Dataset entries
=== Begin Enclosure ===
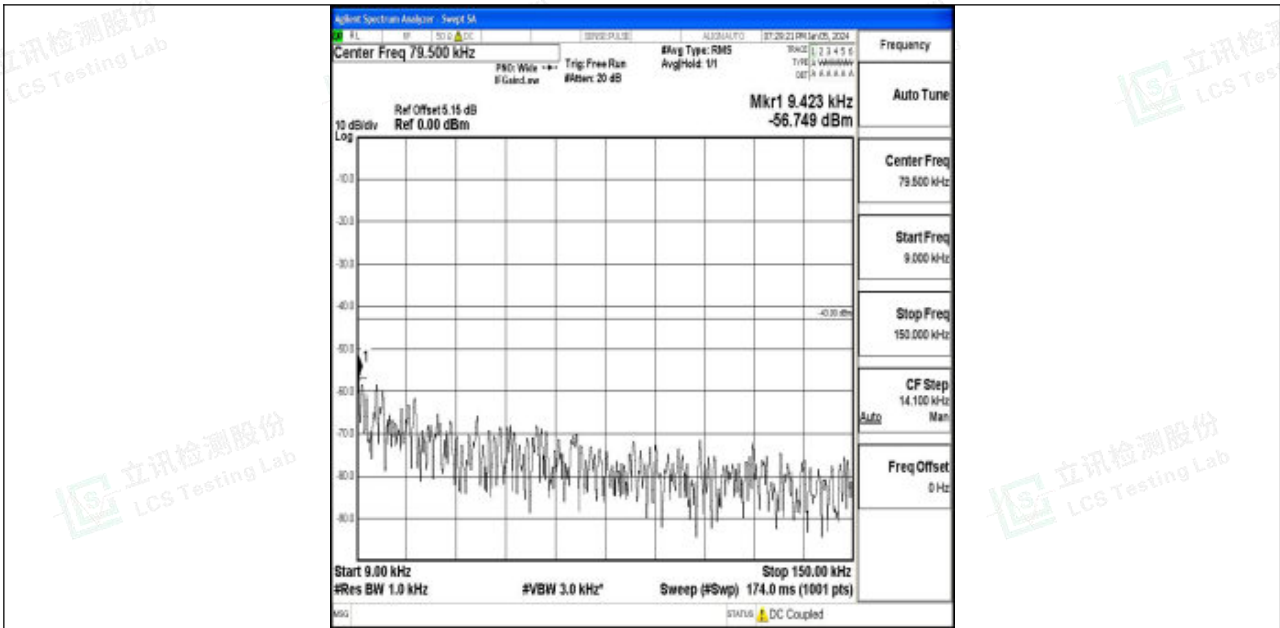

Band4_10MHz_QPSK_20175_1RB#0_3000~20000_3000~20000

Band4_10MHz_16QAM_20175_1RB#0_0.009~0.15_0.009~0.15
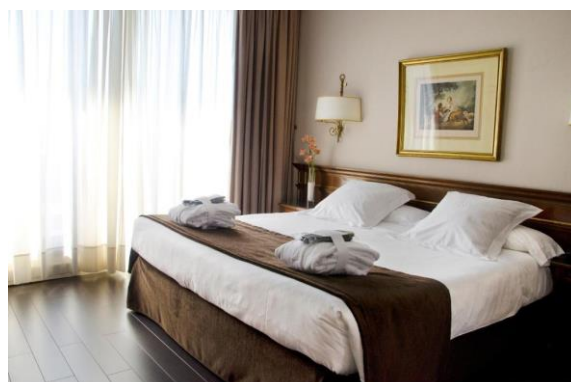

Average prices

Single room: 154€

Double room: 135€

NH ZURBANO

Address

Calle Zurbano, 79-81, 28003 Madrid

Webpage

<https://www.nh-hoteles.es/hotel/nh-madrid-zurbano>
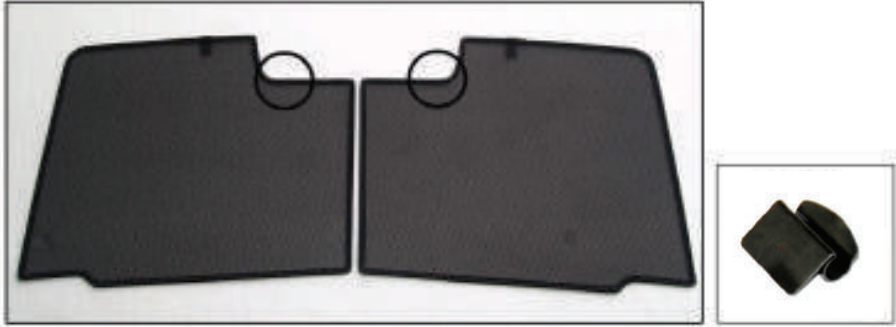

CITROEN C5 4DR
CIT-C5-4-B

SIDE SHADE INSTALLATION

Installation

CITROEN C5 4DR
CIT-C5-4-B

SIDE SHADE INSTALLATION

x2

Installation

CITROEN C5 4DR
CIT-C5-4-B

PORT SHADE INSTALLATION

Installation

CITROEN C5 4DR
CIT-C5-4-B

PORT SHADE INSTALLATION

X2

Installation

CITROEN C5 4DR
CIT-C5-4-B

TAILGATE SHADE INSTALLATION
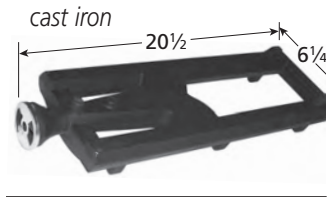

DCS

Burners

23601
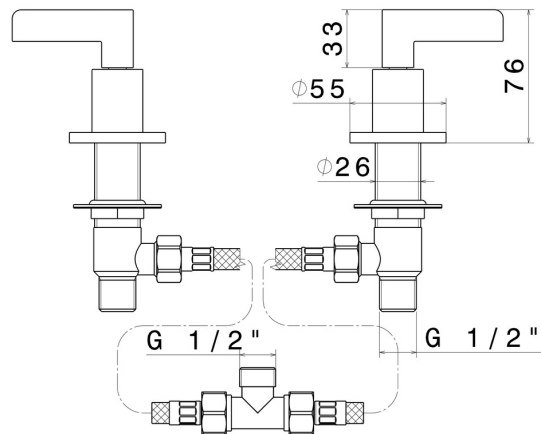

# BLINK CHIC

**71090.59.098**

Deck-mounted mixer - finish PVD Brushed Pale Gold

PVD Brushed Pale Gold

## FEATURES

Material	<b>Brass</b>
Installation	<b>Deck-mounted</b>

## TECHNICAL DRAWING

**BLINK CHIC**

**71090.59.098**

Deck-mounted mixer - finish PVD Brushed Pale Gold

**AVAILABLE FINISHES**

---

**59.098**

PVD Brushed Pale Gold
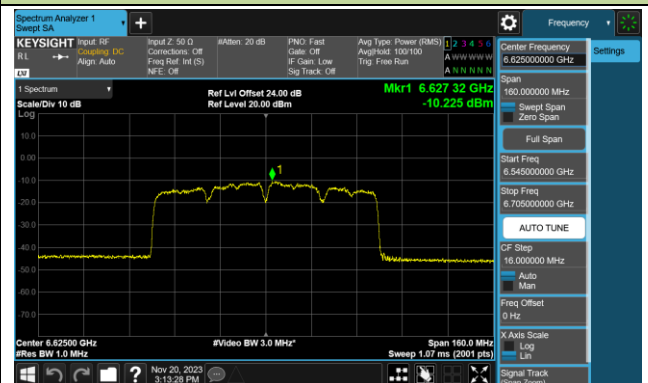

Channel 07 (5985MHz)

Channel 39 (6145MHz)

Channel 87 (6385MHz)

Channel 103 (6465MHz)

Channel 119 (6545MHz)

Channel 135 (6625MHz)

Channel 151 (6705MHz)

Channel 167 (6785MHz)

802.11be-EHT80 Power Spectral Density- Ant 0 (Nss = 1)

Channel 183 (6865MHz)

Channel 199 (6945MHz)

Channel 215 (7025MHz)

802.11be-EHT160 Power Spectral Density- Ant 0 (Nss = 1)

Channel 15 (6025MHz)

Channel 47 (6185MHz)
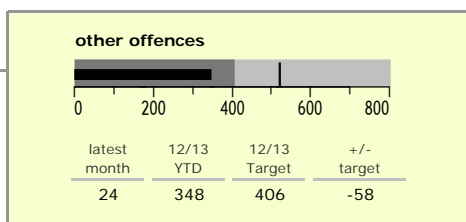

key

- over target by 25% or less
- more than 25% over target
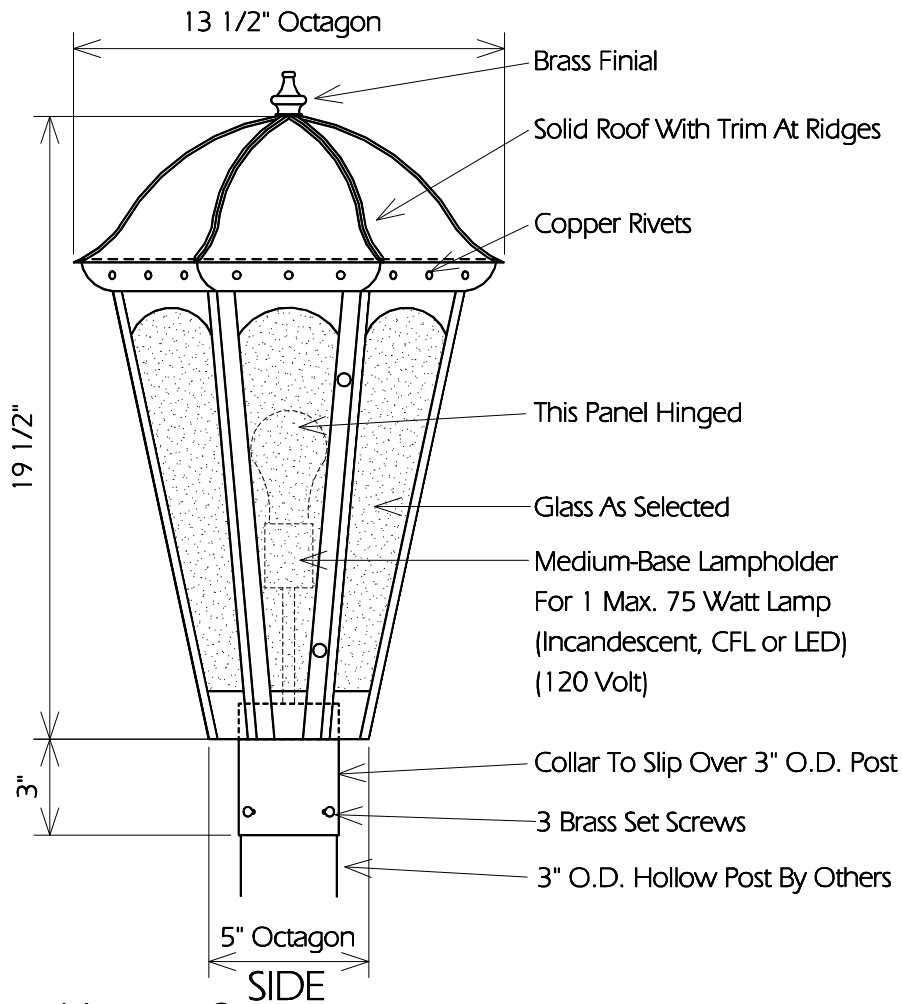

TOP

TWO HILLS STUDIO®

Fine Lighting & Decorative Metal Work www.twohillsstudio.com

2706 SOUTH LAMAR BOULEVARD AUSTIN, TEXAS 78704 512-707-7571 FAX 512-707-7524

POST LANTERN CPL23

Fixture Is Appropriate For:

- Wet Locations As Shown
- Wet Locations With Glass Or Solid Top Added
- Damp Locations As Shown
- Dry Locations As Shown
- U.L. Approved
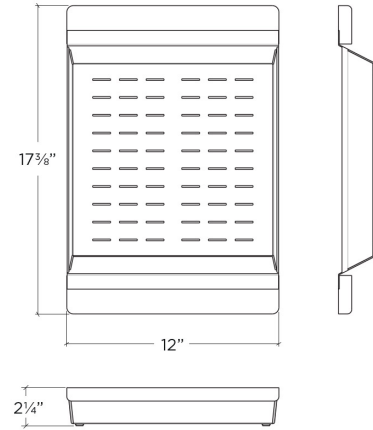

205040 | COLANDER, SMARTSTATION

FIRECLAY SINK ACCESSORY

Specifications

Model	205040
Collection	Colander, SmartStation
Compatible bowl dimension (front-to-back)	16"
Overall dimensions	12" × 17 3/8" × 2 1/4"

Features

- Profiled to sit perfectly on Fira sink accessory ledge, or be used on countertop
- Designed to match with other SmartStation walnut accessories
- Ideal to rinse and prepare food
- Made of 304 series stainless steel (18/10) with solid walnut handles
- Rubber feet for better stability and protection
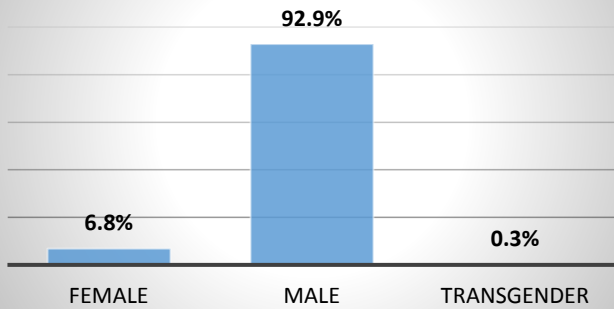

Sheriff's Daily Report 11/21/2018

Under the Custody of the Sheriff	
TOTAL MALE AND FEMALE	8,051
Jail Population	5,845
Community Corrections	2,206

Sheriff's Daily Report
11/21/2018

CCSO Population Demographics

In Confinement

Gender Distribution

Race Distribution

Age Distribution

Community Corrections

Gender Distribution

Race Distribution

Age Distribution
=== End Enclosure ===
WHAT NEEDS TO BE DONE:
State the number of lines in the records above that contain the string "Spectral", and give nothing else.

SOLUTION TO THIS TASK:
2